__To do__
Drop all images. Then write out each line below exactly as given.

__Provided material__
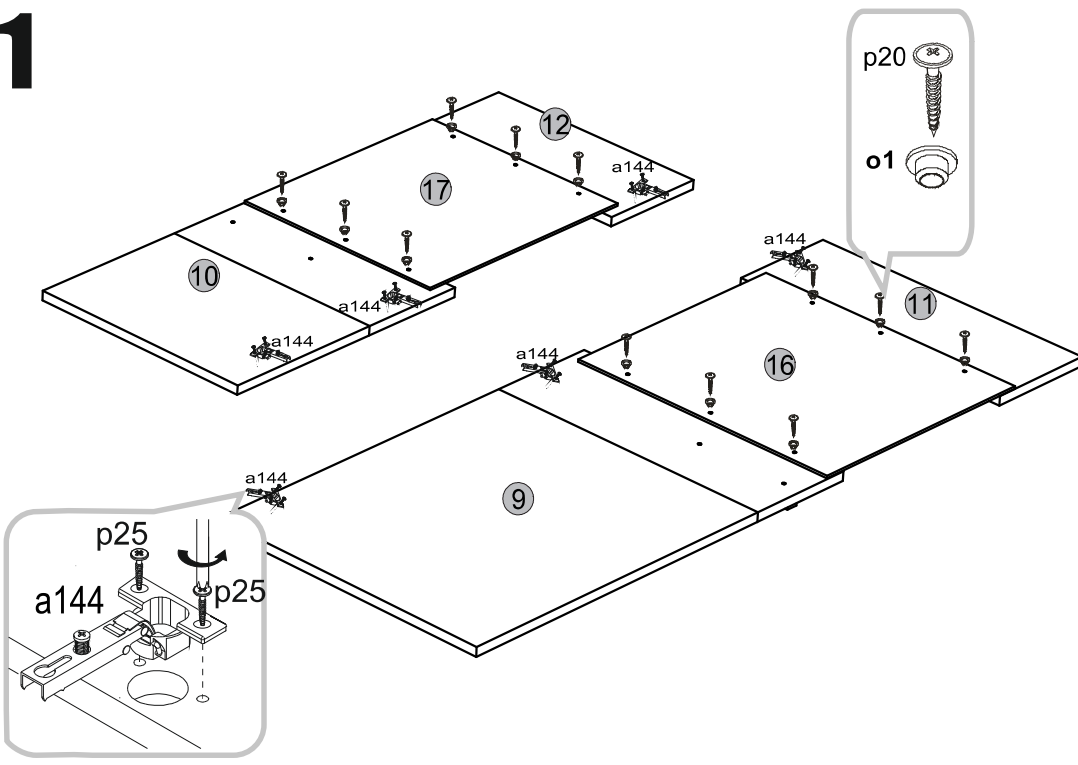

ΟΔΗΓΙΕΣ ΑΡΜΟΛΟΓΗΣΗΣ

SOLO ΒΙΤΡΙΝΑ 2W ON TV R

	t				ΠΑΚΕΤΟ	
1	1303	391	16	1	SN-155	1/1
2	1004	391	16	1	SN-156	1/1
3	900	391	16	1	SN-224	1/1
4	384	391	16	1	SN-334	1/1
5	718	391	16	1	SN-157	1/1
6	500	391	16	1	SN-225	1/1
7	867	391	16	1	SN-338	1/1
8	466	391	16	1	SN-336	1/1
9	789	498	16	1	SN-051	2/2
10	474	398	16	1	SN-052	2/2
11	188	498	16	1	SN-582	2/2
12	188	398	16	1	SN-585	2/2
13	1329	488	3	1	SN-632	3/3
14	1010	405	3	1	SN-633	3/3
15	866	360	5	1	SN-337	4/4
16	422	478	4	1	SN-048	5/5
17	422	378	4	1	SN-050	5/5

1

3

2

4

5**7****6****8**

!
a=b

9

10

__Solution below__
ΟΔΗΓΙΕΣ ΑΡΜΟΛΟΓΗΣΗΣ

SOLO ΒΙΤΡΙΝΑ 2W ON TV R

	t				ΠΑΚΕΤΟ	
1	1303	391	16	1	SN-155	1/1
2	1004	391	16	1	SN-156	1/1
3	900	391	16	1	SN-224	1/1
4	384	391	16	1	SN-334	1/1
5	718	391	16	1	SN-157	1/1
6	500	391	16	1	SN-225	1/1
7	867	391	16	1	SN-338	1/1
8	466	391	16	1	SN-336	1/1
9	789	498	16	1	SN-051	2/2
10	474	398	16	1	SN-052	2/2
11	188	498	16	1	SN-582	2/2
12	188	398	16	1	SN-585	2/2
13	1329	488	3	1	SN-632	3/3
14	1010	405	3	1	SN-633	3/3
15	866	360	5	1	SN-337	4/4
16	422	478	4	1	SN-048	5/5
17	422	378	4	1	SN-050	5/5

1

3

2

4

5**7****6****8**

!
a=b

9

10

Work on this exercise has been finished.